Communication Breakdown: An Interview With Wrangler

With the release of their debut album as Wrangler, John Doran meets Benge, Stephen Mallinder and Phil Winter to discuss technology, paranoia and the legacy of Cabaret Voltaire

There has been a breakdown in communication technology. This breakdown is an ongoing situation and is occurring outside a large, metal, multiple-locked warehouse door. This impressive barrier is protecting Ben ‘Benge’ Edwards’ studio and its large rooms packed with racks and racks of analogue synthesisers, sequencers and drum machines amassed over decades. Unfortunately the door doesn’t have a bell, and is therefore also protecting its musical treasure trove from those who have a rightful claim to access it. Outside the door and the synth packed warehouse space it protects, out on the cobbled Hoxton Street, is an instantly recognisable figure. He is fashionably dressed with a classic Sheffield wedge haircut. He looks at his smart phone in a perplexed manner. Stephen ‘Mal’ Mallinder announces in frustration: "I can’t get a signal anywhere." He tries a second phone but that doesn’t work either: "No signal!"
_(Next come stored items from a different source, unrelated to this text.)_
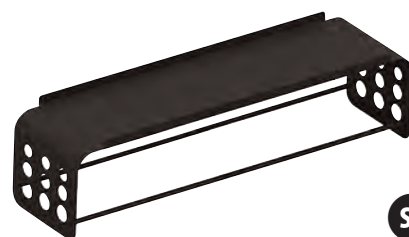

Stand
Alzata
Ständer
Etagère
Soportate

art.	GN	dim. cm.	h. cm.	col.
58494-02	2/4	62,3x17	16,5	●
58494Y02	2/4	62,3x17	16,5	●

People start arriving in dribs and drabs. Steve Malins is here. He’s a hardworking publicist and manager who has been instrumental in helping revive the careers of the likes of Gary Numan and John Foxx. He is looking after Wrangler, the dark electronic, dubby pop group I’m here to interview. The three piece – featuring Benge, Mal and a third member Phil Winter – are set to release their debut album LA Spark on Memetune, which was recorded entirely on the analogue equipment on the other side of the door we can’t get through.

Malins tries his phone but to no avail. He asks if I got here ok, and I have to admit that due to a broken iPhone and a failure of GMaps I have been wandering round Hoxton in circles for ages. I found the location more by accident than design. I feel like the ironically titled smartphone is breeding us into a state of utter stupidity when it comes to practical matters.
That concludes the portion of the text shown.